The answer can be obtained by solving the shortest path problem with (current station, last used company) at the top.

In this solution, the number of vertices is at most O(M). Because it is the best to reach each station

The number of types of companies used later is the maximum number of lines departing from the station. Total this number The total at all stations is only a constant multiple of the number of lines.
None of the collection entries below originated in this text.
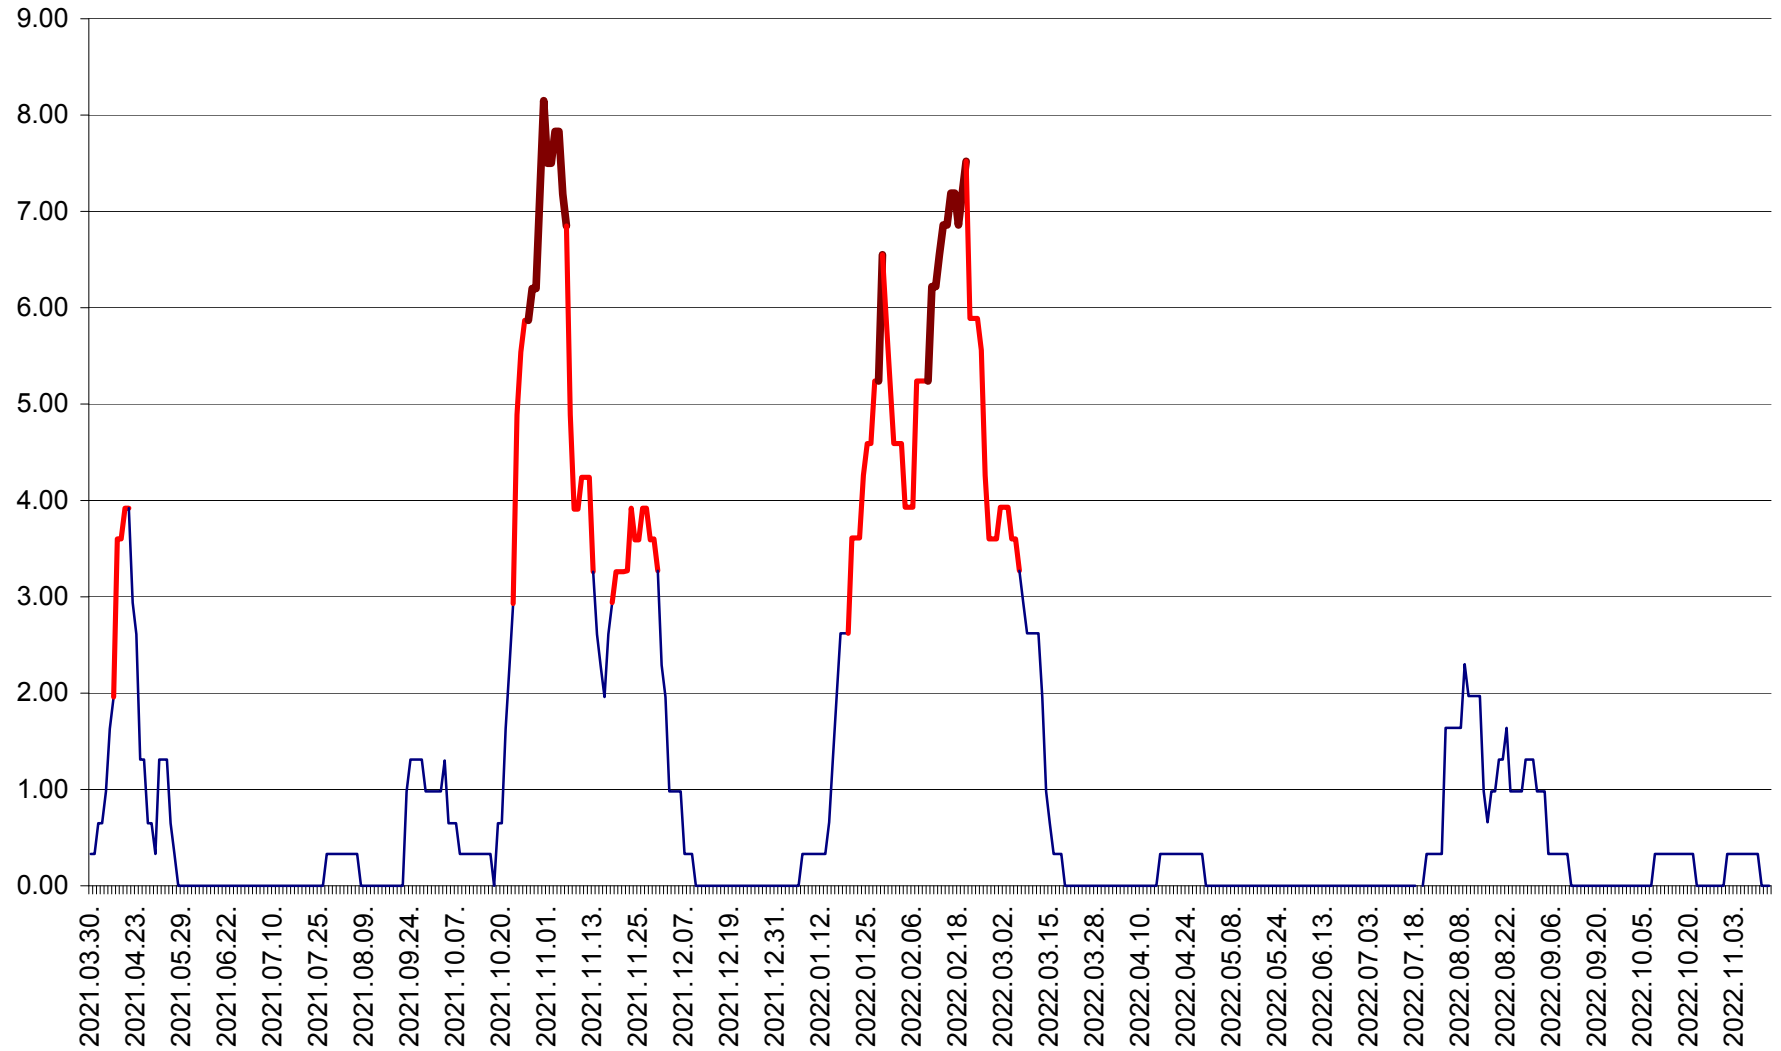

ATID - Evolutia incidentei cumulate pe 14 zile la % de locuitori  
2021.04.01. - 2022.11.15.

AVRĂMEȘTI - Evolutia incidentei cumulate pe 14 zile la ‰ de locuitori  
2021.04.01. - 2022.11.15.

ORAȘ BĂILE TUȘNAD - Evolutia incidentei cumulate pe 14 zile la ‰ de locuitori  
2021.04.01. - 2022.11.15.

ORAȘ BĂLAN - Evoluția incidentei cumulate pe 14 zile la ‰ de locuitori  
2021.04.01. - 2022.11.15.

BILBOR - Evolutia incidentei cumulate pe 14 zile la ‰ de locuitori  
2021.04.01. - 2022.11.15.

ORAȘ BORSEC - Evolutia incidentei cumulate pe 14 zile la ‰ de locuitori  
2021.04.01. - 2022.11.15.

BRĂDEȘTI - Evoluția incidenței cumulate pe 14 zile la ‰ de locuitori  
2021.04.01. - 2022.11.15.

CĂPÂLNIȚA - Evolutia incidentei cumulate pe 14 zile la ‰ de locuitori  
2021.04.01. - 2022.11.15.

CÂRȚA - Evolutia incidentei cumulate pe 14 zile la ‰ de locuitori  
2021.04.01. - 2022.11.15.

However, if you do not set up the edges efficiently, the number of edges will be O(M2 ) And so on Execution will not end in time.

For example, the number of edges can be O(N + M) at most if you use the following method.

• In case of transferring to the route of the same company, the 0-length side is used for all routes. Stretch to the destination of

• As an alternative to the case of transferring to a route of a different company, the apex of (current station, −1) Stretch a zero-length side so that you can move to. (Image of going out from the ticket gate)

From the top of (current station, −1), set a length of 1 to the destination for all company routes (image of entering the ticket gate, new fee will be charged at this point).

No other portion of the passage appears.